5 Desember 2007

Mental Dosen Rusak, Lalu Mahasiswanya?


Mental Dosen Rusak, Lalu Mahasiswanya?

(Telah Dimuat di Harian Surya 09 September 2007)

Oleh: Husamah*
(Penyaji Tingkat Nasional dan Penggagas UKM Karya Ilmiah Unmuh Malang)

Artikel berjudul "Mental Dosen Sudah Rusak" pada kolom pendidikan koran ini (tanggal 4 September 2007, halaman 20) membuat kita miris. Bagaimana tidak, seperti yang dibeberkan Prof Dr Ir Moch Munir, Direktur Penelitian dan Pengabdian pada Masyarakat (DP2M) Dikti, dari 1500 judul hibah bersaing untuk kategori penelitian dosen muda, 60 persen di antaranya merupakan "plagiat" dengan penelitian yang telah dilakukan orang lain sebelumnya.

Pola pikir rusak, pencontek, dan mencuri karya orang justru menggambarkan dosen yang tidak ada bedanya dengan maling. Fakta ini semakin menyedihkan manakala aksi ini merata dilakukan oleh dosen perguruan tinggi negeri dan perguruan tinggi swasta di seluruh Indonesia

Jika dosen saja seperti itu, lalu bagaimana dengan mahasiswanya? Idealnya, dosen sebagai "guru" di universitas memberi teladan baik dalam segala hal. Dosen harus menjadi guru yang akan digugu dan ditiru. Perilaku dosen dituntut tegas tapi sopan, berwibawa, pintar, kreatif, cekatan, pekerja keras dan berbagai sifat positif lainnya.

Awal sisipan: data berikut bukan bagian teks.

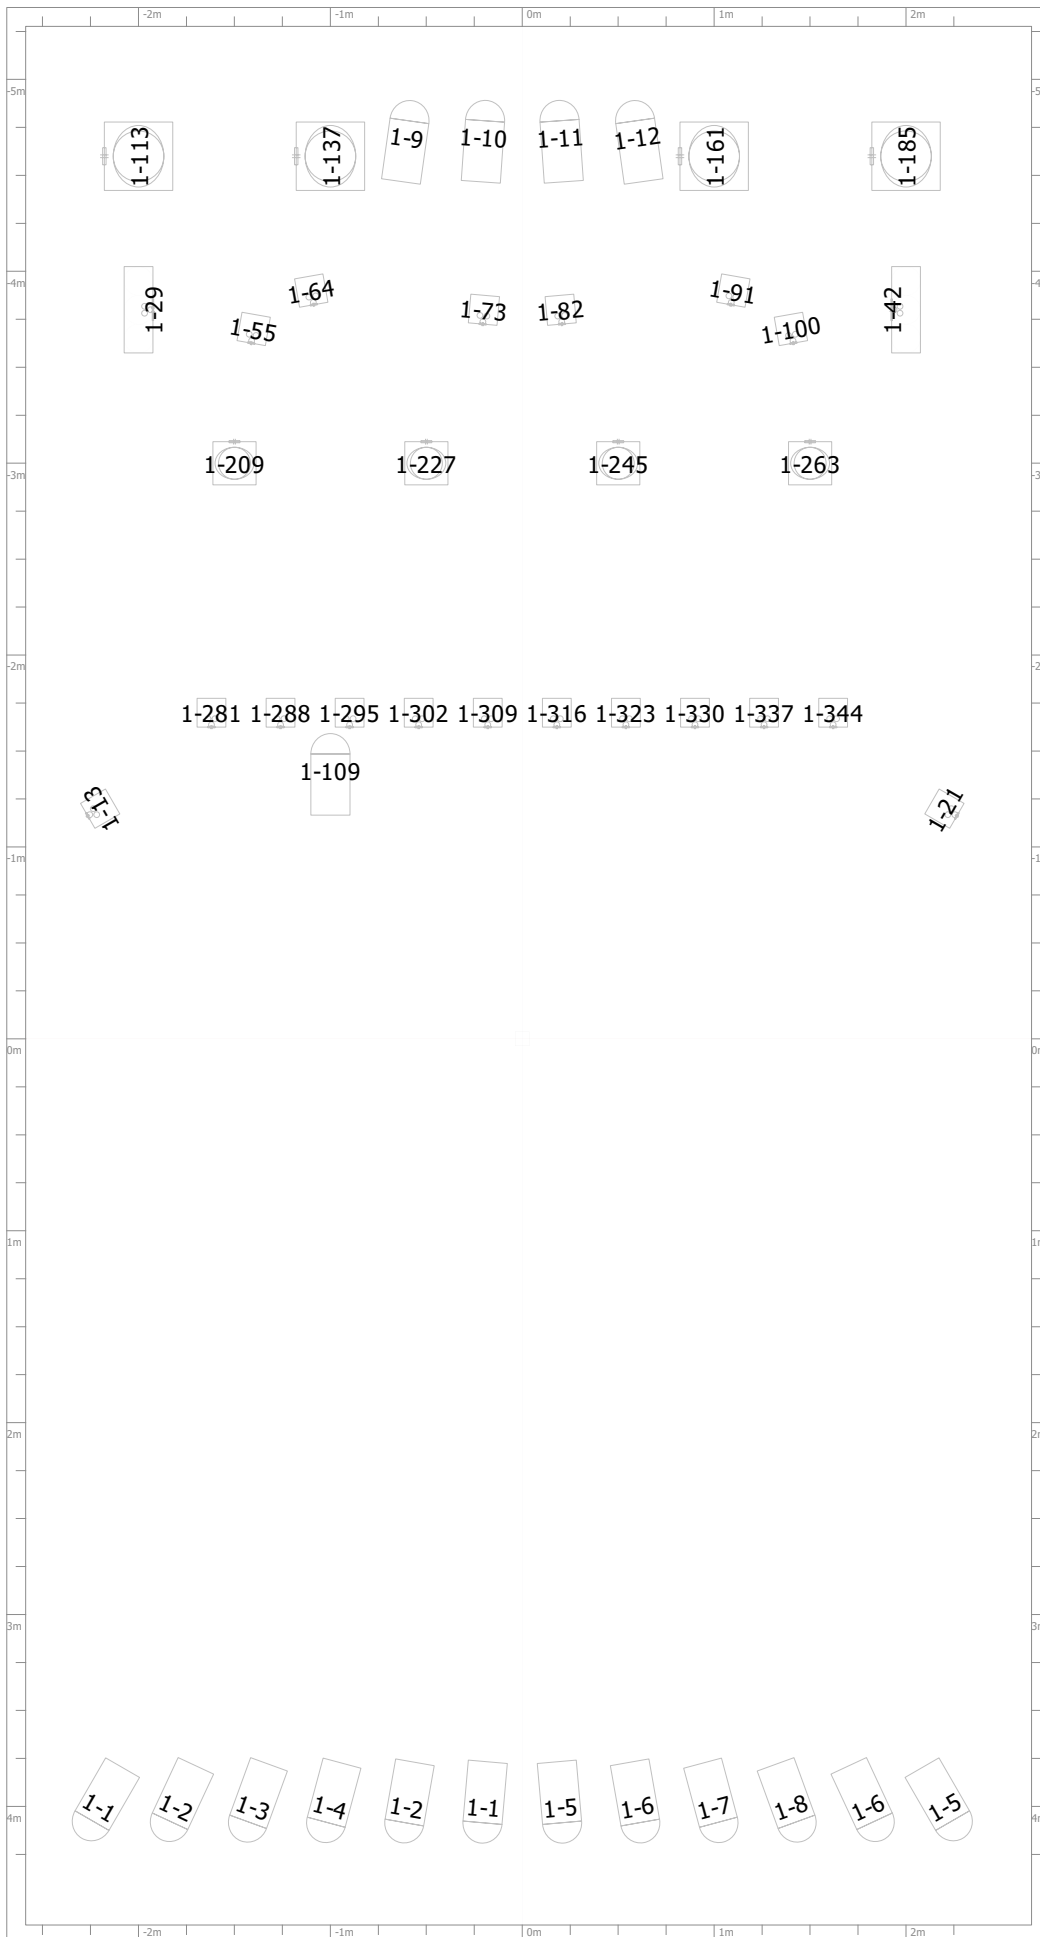

Orto Visualizer 2025 : Flown Plot Heads

Orto Visualizer 2025 : Floor Plot Heads

Orto Visualizer 2025 : Front Plot Heads

Orto Visualizer 2025 : Flown Plot DMX

Orto Visualizer 2025 : Floor Plot DMX

Orto Visualizer 2025 : Front Plot DMX

Orto Visualizer 2025 : Rigging Plan

Orto Visualizer 2025 : Rigging Side Elevation

Perilaku tersebut akan direkam dan dicontoh mahasiswa karena seringnya berinteraksi formal dan non-formal.

Dampak dari sifat negatif para dosen terhadap mahasiswanya sudah dapat kita lihat. Kalau kita karya-karya mahasiswa ternyata sebagian besar adalah hasil plagiat. Sebut saja Program Kreativitas Mahasiswa (PKM) dan Lomba Karya Tulis Mahasiswa (LKTM) yang diselenggarakan Dikti misalnya, kebanyakan proposal yang dikirim adalah hasil curian dari skripsi (tugas akhir) mahasiswa lain atau penelitian dosen, satu kampus ataupun lain kampus. Ironisnya perilaku ini, malah direstui dosen. Lebih ironis lagi, ternyata skripsi itupun merupakan hasil plagiat, "membeli" ataupun "memesan" dari bengkel skripsi.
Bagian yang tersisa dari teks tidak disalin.